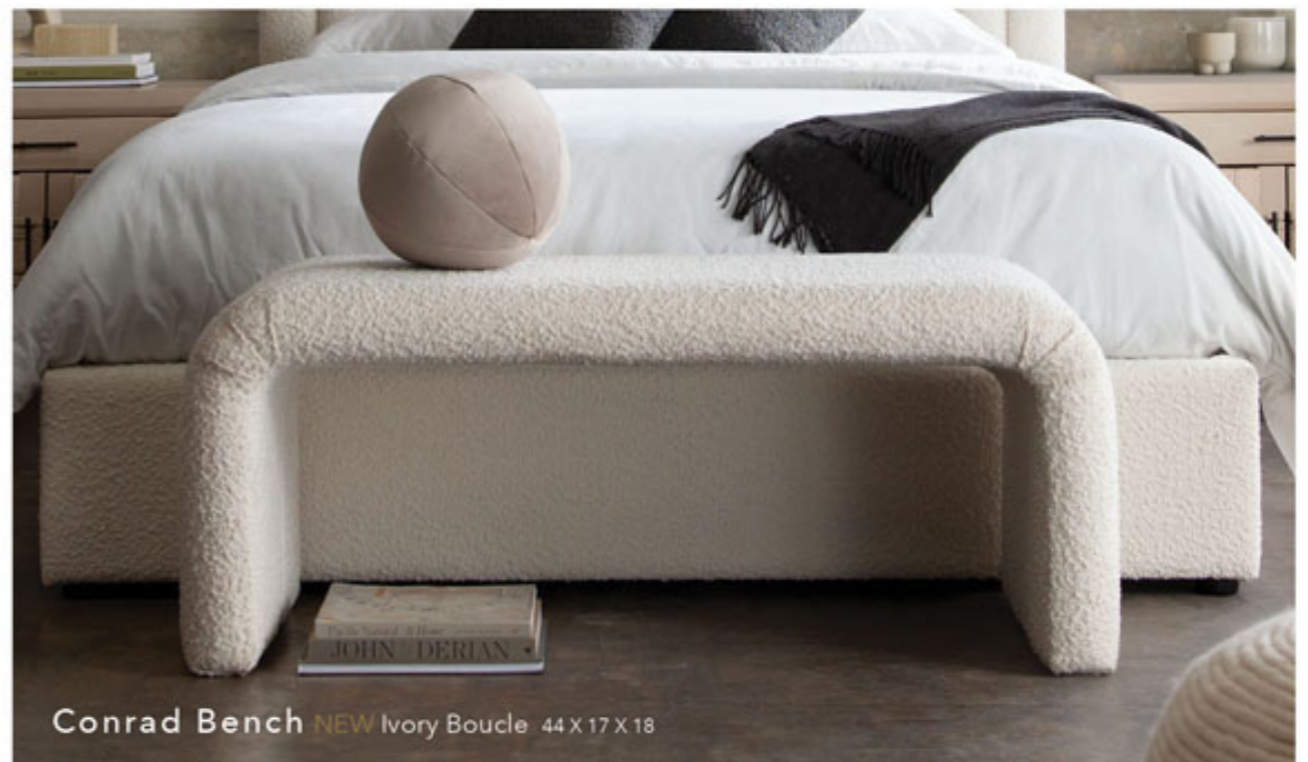

**Brooke** NEW

Ivory Boucle  
Requires Foundation

**Queen** 65 X 88 X 54

**E. King** 81 X 88 X 54

Spectrum Nightstand 24 X 18 X 24 | Wave Bench 57 X 27 X 17 NEW

District Chair **NEW** Ivory Boucle 38 X 33 X 29

_Your objective_. Please find each line in the records above that holds the word "Ivory", and copy it.

_Answer space_.
Ivory Boucle  
District Chair **NEW** Ivory Boucle 38 X 33 X 29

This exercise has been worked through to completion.